Elle entra dans un grand magasin d’épicerie où il y avait beaucoup de gens, et, se retournant vers lui :

– Tiens, dit-elle, d’une voix altérée par l’émotion, voilà ce que tu cherches.

Et, tirant un objet de son panier, elle le lui donna. Lupin demeura confondu : il tenait en main le bouchon de cristal.

– Est-ce possible ? Est-ce possible ? murmura-t-il, comme si la facilité d’un pareil dénouement l’eût déconcerté.

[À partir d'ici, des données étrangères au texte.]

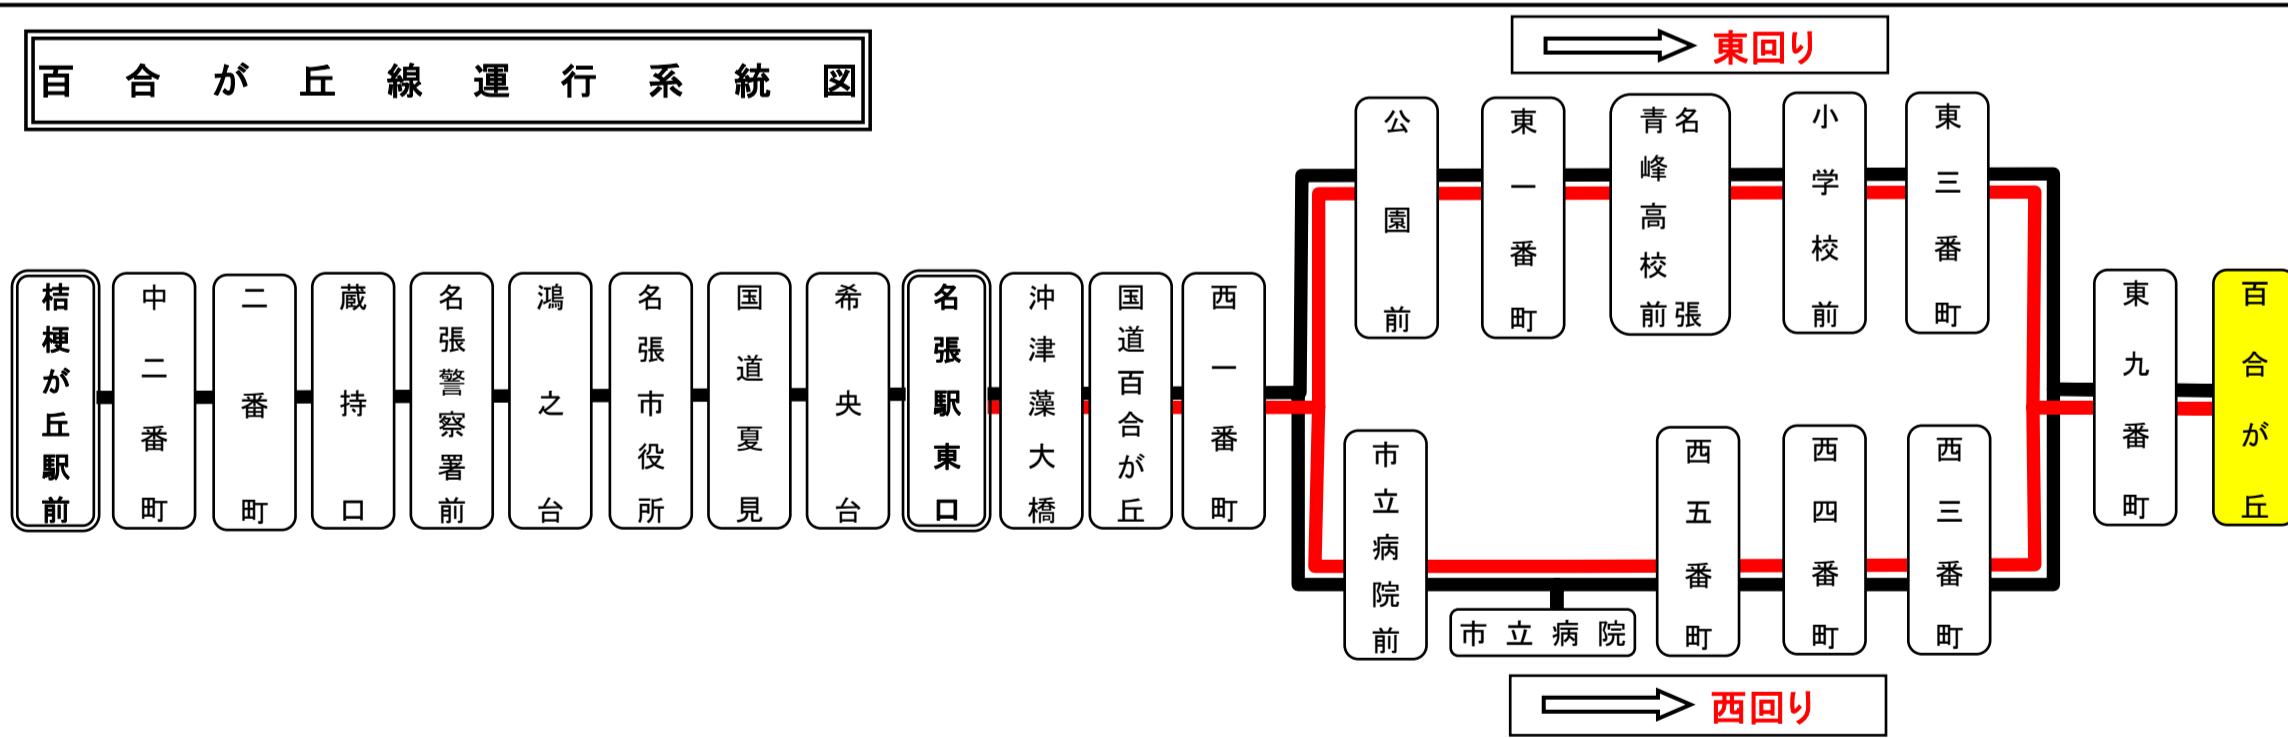

百合が丘 01のりば

土日祝日時刻表

行先	時刻	5	6	7	8	9	10	11	12	13	14	15	16	17	18	19	20	21	22
東三番町方面	【05】 東三番町方面 名張駅東口		19			29	29	29	29	29	29	29	29	29	49	29	49		
	【05】 名張駅東口			1	11	57	57	57	57	57	57						16	26	
西三番町方面	【05】 名張駅東口			31	31														
	【05】 市立病院前			46	46													56	

スマートフォンで時刻検索できます!URLはこちら→<http://www.sanco.co.jp/sp/>

【ご案内】

- 台風、積雪により、お客様の安全が確保されないと思われる場合は運休することがございます。
- 道路状況により、大幅に遅延する場合がございますので、あらかじめご了承ください。

百合が丘線運行系統図

下記期間は日祝日ダイヤで運行します

お盆期間 8月13日から8月15日

年末年始 12月30日から1月4日

Mais le fait était là, visible et palpable. À sa forme, à ses proportions, à l’or éteint de ses facettes, il reconnaissait, à ne s’y point tromper, le bouchon de cristal qu’il avait eu déjà sous les yeux. Il n’était point jusqu’à une certaine petite éraflure qu’on ne remarquât sur la tige, et dont il se souvenait parfaitement.

D’ailleurs, si l’objet représentait tous les mêmes caractères, il n’en offrait aucun autre qui semblât nouveau. C’était un bouchon de cristal, voilà tout. Aucune marque, réellement spéciale, ne le distinguait des autres bouchons. Aucun signe ne s’y trouvait inscrit, aucun chiffre, et, taillé dans un seul bloc, il ne contenait aucune matière étrangère.

– Alors quoi ?

Et Lupin eut la vision subite et profonde de son erreur. Que lui importait de posséder ce bouchon de cristal s’il en ignorait la valeur ? Ce morceau de verre n’existait pas par lui-même, il ne comptait que par la signification qui s’attachait à lui. Avant de le prendre il fallait savoir. Et qui pouvait même lui assurer que, en le prenant, en le dérobant à Daubrecq, il ne commettait pas une bêtise ?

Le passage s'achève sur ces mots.